How far out in the Gulf of Mexico could one drink the water that flowed from the Mississippi?
Could this water be economically “captured” in large 100,000 gallon bags and floated over to Galveston or Corpus Christi? (And trucked or sent by rail into the dry west Texas desert).
I’ve think I recall hearing about this being done elsewhere.
The Mississippi doesn’t have a real mouth on the Gulf of Mexico. It branches off into a delta and the water becomes brackish. I don’t think any water with a drinkable salinity makes it to the Gulf of Mexico.
Even without the salinity, I wouldn’t want to drink anything from the Mississippi.
believe it or not, the fresh water discharge from a river as big as the M is denser than sea water and could travel out to sea for several hundred miles. that’s because it has a lot of dissolved chemicals and suspended particulates so it’s heavier and “creeps” along the sea bottom on the continental shelf and eventually “spills” into the ocean floor. those supended particulates may eventually form thick sedimentary deposits on the ocean floor called “turbidites.”
I’ll choose “not” on that one. Yeah, it has dissolved chemicals, but nearly as much so as seawater, and merely suspended particles shouldn’t drag the fresh water with them.
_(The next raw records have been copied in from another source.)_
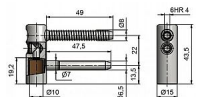

Vrchný diel dverného pántu TRIO 15 DZ 6931

» ZÁVESY, PÁNTY » DVERNÉ » Nastaviteľné

Kód produktu

MP05032-0305

Závěs je určen pro dveřní křídlo. Umožňuje seřízení ve dvou směrech a ve spojení se spodním dílem (TRIO 15) lze komplet seřídit ve třech směrech. Závěs můžete doladit plastovým či kovovým dekorativním návlekm.

Dostupnosť na hlavnom sklade:

u dodávateľa

Dostupné množstvo u dodávateľa:

momentálne nedostupné

Popis

Průměr pantu (vnější) 15 mm Únosnost / ks (v kg) 40.00
Typ závěsu Vrchní díl (VD) Typ dveří Interiérové
Orientace dveří nebo okna Pro pravé i levé dveře
(zárubeň) Materiál dveřního křídla Dřevo Provedení dveří
S polodrážkou Ukončení výrobku Bez ozdoby Materiál
výrobku (převažující) Ocel Požární odolnost ne Uchycení
vrchního dílu K zašroubování Průměr závitu svorníku(ů)
Speciální závit do dřeva $\varnothing 8$ Délka svorníku(ů) 49 mm
Český výrobek Ano

I assume the OP i saying an actual water column extending from the Mississippi into the Gulf of Mexico. I would have to say, that with a river delta, which diffuses the speed of the current, that said water column would exist but not as large if no delta.
I was on a ship that was waiting at the mouth of the Mississippi and the water was quite turbulent as the river and gulf water mixed. So, depending on how you call it, maybe a few miles at most?
I Googled Mississippi River estuary and found this little tidbit.
it’s called a density flow, caused by having a lot of particles in turbulent water. it creates a new liquid that is denser than sea water and can creep out all the way to the ocean floor. but your point in more “how long does it stay fresh water?” no geological work i know answers that. my own guess is “not for long.”
Why ever not? Most of the cities located along the Mississippi use the river for at least part of their water supply, all the way down to New Orleans.
Geophysicist here: I can confirm turbidites exist, but I’m not sure where the dissolved chemicals are supposed to come in. Most turbiditic formations in the GoM are formed from regular sediments (those suspended particulates), which are a natural part of the river system. Several good hydrocarbon deposits are actually trapped under turbiditic formations.
The rest of your “new type of fluid” stuff is kind of odd. It doesn’t really have to be some bizarre new form of water. The sheer volume of fresh water and the density contrast will be sufficient to carry non-saline water flows tens of miles out to sea. Not all necessarily at the surface, mind.
Just for confirmation, the annual Mississippi River “dead zone” is a result of all the nitrogen, phosphorus, and other stuff getting washed out to sea. That stuff is certainly carried quite a ways and does mix with salt water.
First rule of water economics, don’t fight gravity.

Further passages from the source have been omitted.